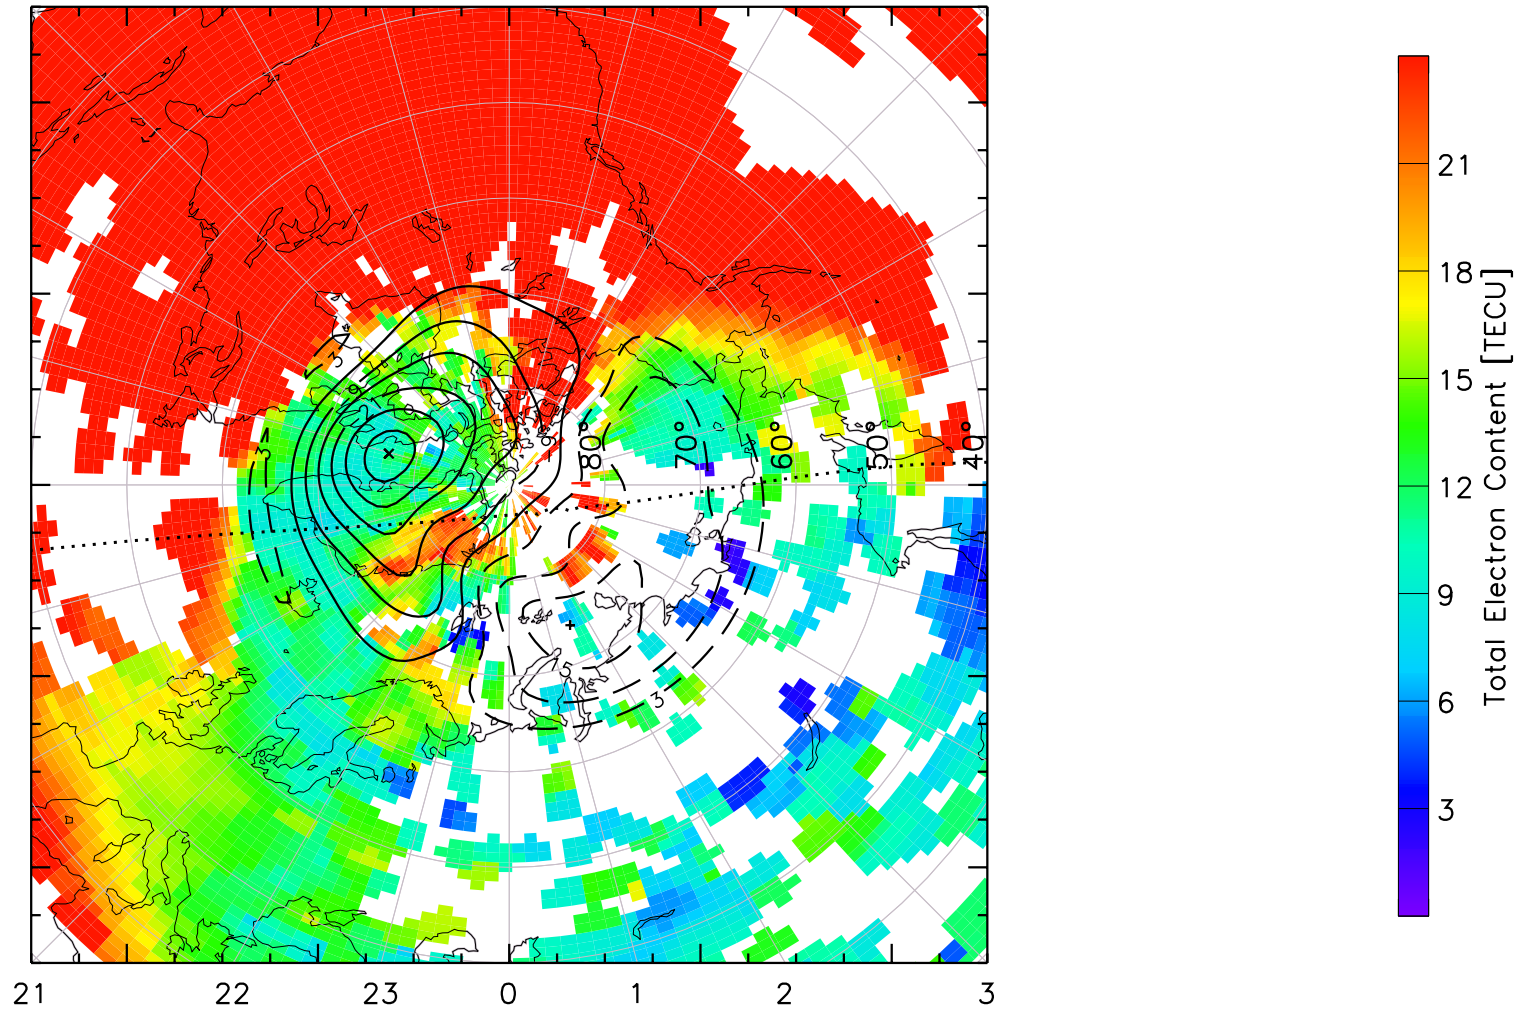

TOTAL ELECTRON CONTENT 30/Sep/2012 19:50:00.0
Median Filtered, Threshold = 0.10 to
30/Sep/2012 19:55:00.0

#### [ABOUT THIS EXERCISE]
The lines to set down, exactly and with both ends included, run from the one containing "Median Filtered, Threshold = 0.10 to" to the last line of the data above.

#### [SOLUTION TO THE EXERCISE]
Median Filtered, Threshold = 0.10 to
30/Sep/2012 19:55:00.0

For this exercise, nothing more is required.